WHAT NEEDS TO BE DONE
Starting at the line that holds "Samstag, 11. August 2012", set down each line through the end of the listing, exactly as written and with nothing added.

++++++++++++++++++++

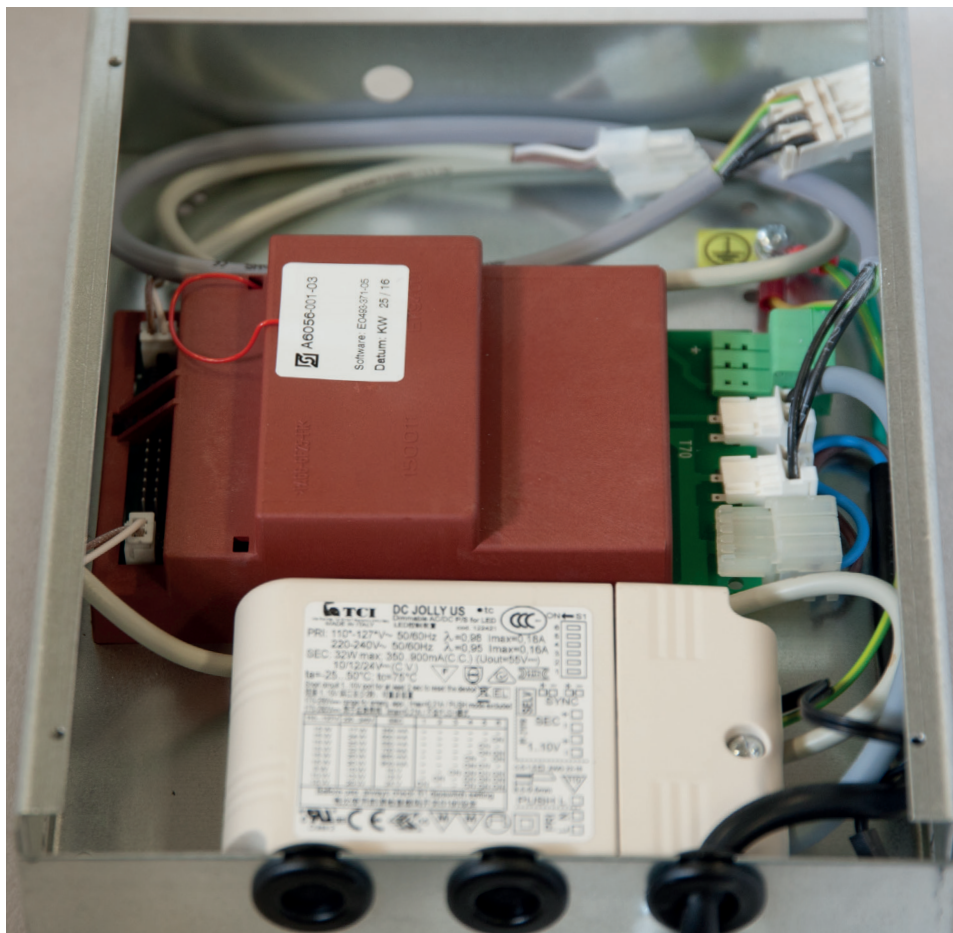

MONTERING OCH FÖRPACKNING

Bromsas din produktion upp av de sista leden i kedjan?

Inom området **Montering och Förpackning** har KrimProd **35 enheter** runt om i landet och vi utför arbeten av mycket skiftande karaktär. Från **enkel montering av några detaljer till komplexa slutprodukter eller rena sorterings- och förpackningsarbeten** och vi kan hantera såväl **stora som små uppdrag**. Vi utarbetar produktionslösningar i dialog med kunden och utifrån dennes behov.

KrimProd är Kriminalvårdens produktionsverksamhet och är en viktig del av den återfallsförebyggande verksamheten för de intagna. Produktionen bedrivs ute på anstalterna på

motsvarande sätt som på industrier och verkstäder ute i samhället, under handledning av bransch- och yrkeskunniga arbetsledare. Verksamheten skapar arbetstillfällen som vidgar vyer, stärker självförtroenden och öppnar nya möjligheter till ett liv utan kriminalitet.
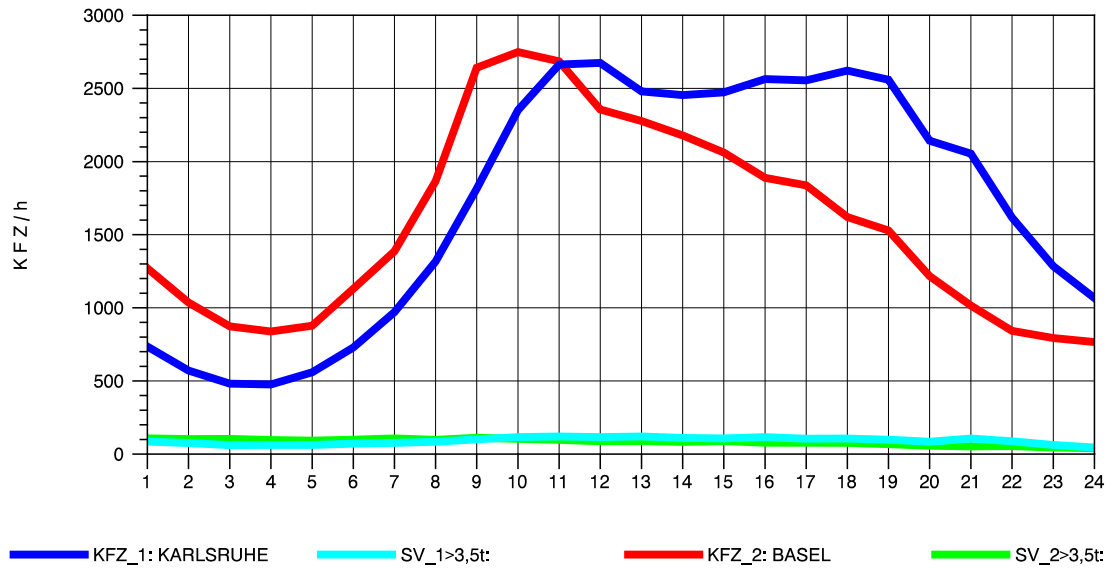

STRASSENVERKEHRSZÄHLUNGEN IN BADEN-WÜRTTEMBERG
ACHERN 73141035 A 5
Samstag, 11. August 2012

— KFZ_1: KARLSRUHE
— SV_1>3,5t:
— KFZ_2: BASEL
— SV_2>3,5t:

GRAFIK: B A S, AACHEN

++++++++++++++++++++

ANSWER FOR THIS EXERCISE
Samstag, 11. August 2012

— KFZ_1: KARLSRUHE
— SV_1>3,5t:
— KFZ_2: BASEL
— SV_2>3,5t:

GRAFIK: B A S, AACHEN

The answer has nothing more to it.